Red Corridor or Red Belt? Naxal Resurgence in India

Bidyut Chakrabarty | 21 Mar 2020

Naxalism, a euphemism for the Marxist-Leninist-Maoist revolutionary movement in India, drawing the nomenclature from an unheard of village, Naxalbari in West Bengal that became the epicentre of tribal-peasant revolt in the spring of 1967, has witnessed a resurgence since the early 1990s. Naxalism typifies a particular kind of militant and violent armed struggle by the peasants, tribals and dalits, led by a leadership drawing doctrinal support from Marxism-Leninism and strategic inspiration from Mao. The contemporary Maoists draw heavily upon the iniquitous land tenure system and exploitation of the peasantry by landlords in framing their ideological aims. The Indian Ministry of Home Affairs has openly acknowledged that thirteen states and 170 districts (out of 604) are affected by this movement, now cast as the most serious threat to India's national security.

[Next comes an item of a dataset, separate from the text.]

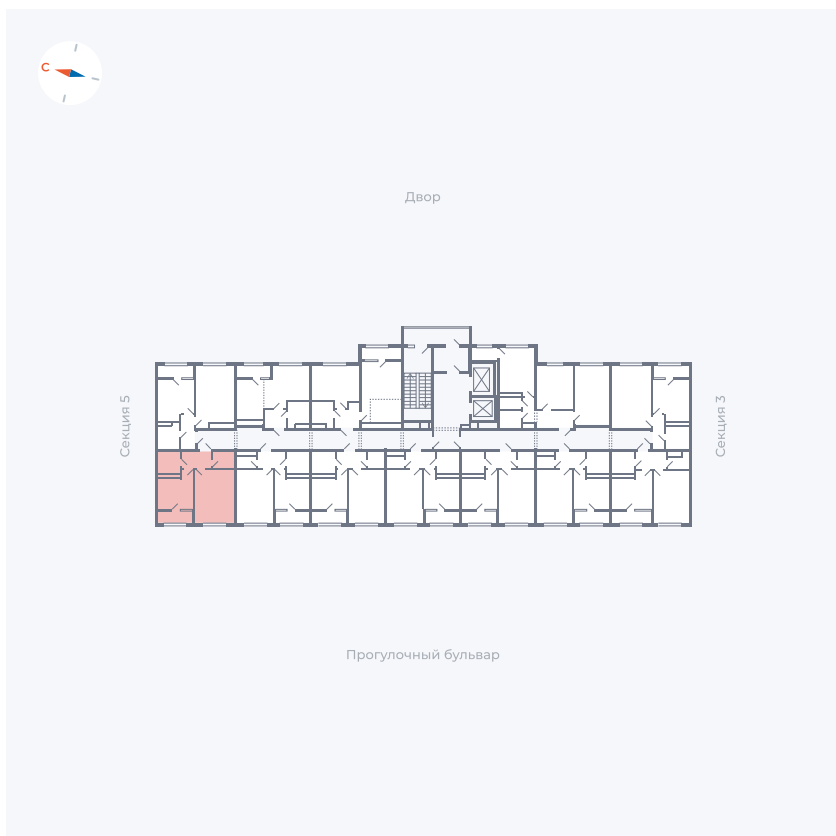

На этаже

Дата генерации: 16.10.2024

Until the Maoists in Nepal became a part of the government, there was talk of Maoist elements in India and Nepal establishing a "red-corridor" from Pashupati in Nepal to Tirupati in South India, a claim the Nepali Maoists vehemently deny. Nonetheless, Indian policymakers recognise that a "red belt" runs within the subcontinent, from the Uttar Pradesh-Bihar border with Nepal in the north, through West Bengal, Jharkhand, Orissa, Madhya Pradesh, Chhatisgarh, Andhra Pradesh, Maharashtra, Karnataka and Tamil Nadu.

Though it gave a name to the Maoist movement in India, the Naxalbari movement of the late 1960s was crushed within five years in West Bengal. Attempts to reinvigorate the movement in Bihar and other neighbouring states did not take off. Though the movement remained splintered and factionalised even within Andhra Pradesh, it has since not only galvanized the girijans (tribals) there, but spread to other states too. The 1990s witnessed a renaissance of the movement, with Naxals acquiring weapons and picking up skills in guerilla warfare. They have managed to put the police and para-military forces under considerable pressure, while achieving some degree of unity to their cause.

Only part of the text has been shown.